Visual assessment of florbetaben uptake in regional matched tissue sections based on the majority results of the three blinded readers over the compiled six brain ROIs against the result of the regional consensus histopathological analysis over the identical six brain regions revealed sensitivity of 77.4 percent (95% CI: 65.4-89.4%) and specificity of 94.2 percent (95% CI: 88.6-99.8%). Regional florbetaben uptake ratios correlated significantly (apart from those for the atrophic hippocampus/parahippocampal gyrus) with histopathology scores for b-amyloid (r=0.45 to 0.69, p=0.0135 to <0.0001).

In the subject-level whole brain visual and histopathological assessment, florbetaben PET images showed a sensitivity of 100 percent (95% CI: 80.5-100.0%) and a specificity of 91.7% (95% CI: 80.6-100%). Tracer uptake ratios did not differ with plaque type (neuritic/diffuse or diffuse; p=0.168). This trial verifies b-amyloid as a florbetaben target.

What is the expected timeline for bringing florbetaben to market?

Dr. Dinkelborg: In March 2013, Piramal Imaging announced it submitted florbetaben F18 to the U.S. Food and Drug Administration (FDA) and European Medicines Agency (EMA) for use in the visual detection of beta-amyloid in the brains of adults with cognitive impairment who are being evaluated for Alzheimer’s disease (AD) and other causes of cognitive decline.

If approved by the FDA and EMA, Piramal Imaging expects florbetaben F18 will be available in the US and Europe in early 2014.

What’s next for the company? Can you share any updates on research or data?

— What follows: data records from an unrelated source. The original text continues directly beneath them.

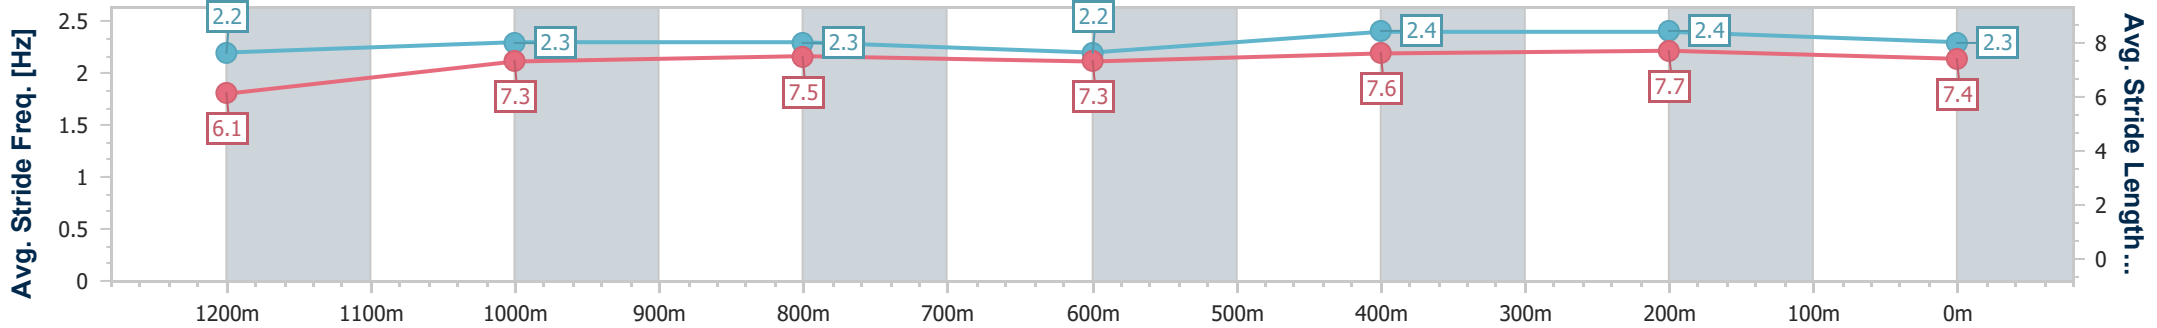

- [ ] Ranking at each section and finish
- .-.- No data available at this section
- NA No data available

Horse/Jockey Name	Hoot 'N' Holler
Final Rank	10
Fastest Section Time (Section)	0:10.74 (400m)
Top Speed [km/h] (Section)	68.7 (400m)
Race State	Finished

### Eagle Farm QLD Professional

Race 9: U&U Recruitment Class 6 Handicap - 1400m

12 October 2024 - 16:38

Track Rating: Good 4, Weather: Fine, Rail Position: +4m Entire

BRISBANE RACING CLUB

Section	Overall	1200m	1000m	800m	600m	400m	200m
Section Times	1:24.26 [10] (0:14.96)	1:09.30 [11] (0:11.96)	0:57.34 [12] (0:11.67)	0:45.67 [12] (0:12.17)	0:33.50 [11] (0:11.08)	0:22.42 [10] (0:10.74)	0:11.68 [10] (0:11.68)
Average Speed [km/h]	48.6	60.3	62.2	59.4	65.4	67.1	61.8
Top Speed [km/h]	59.8	62.0	65.2	61.6	68.6	68.7	64.3
Avg. Dist. to Rail [m]	10.1	3.6	1.6	1.0	1.7	2.4	1.3
Avg. Stride Freq. [Hz]	2.2	2.3	2.3	2.2	2.4	2.4	2.3
Avg. Stride Length [m]	6.1	7.3	7.5	7.3	7.6	7.7	7.4

- [ ] Ranking at each section and finish
- .-.- No data available at this section
- NA No data available

Horse/Jockey Name	Poetic Drama
Final Rank	11
Fastest Section Time (Section)	0:10.78 (400m)
Top Speed [km/h] (Section)	69.3 (400m)
Race State	Finished

Dr. Ludger Dinkelborg: Piramal Imaging’s portfolio of promising radiopharmaceuticals includes a number of projects that have advanced already into clinical development. Beyond AD and related dementias, Piramal Imaging is working on developing several pipeline compounds to address major clinical needs in oncology and in the cardiovascular area.

Marwan Sabbagh, MD is Director, Banner Sun Health Research Institute and Research Professor of Neurology, University of Arizona College of Medicine, Phoenix.

Ludger Dinkelborg, PhD is Director of the Board, Piramal Imaging SA.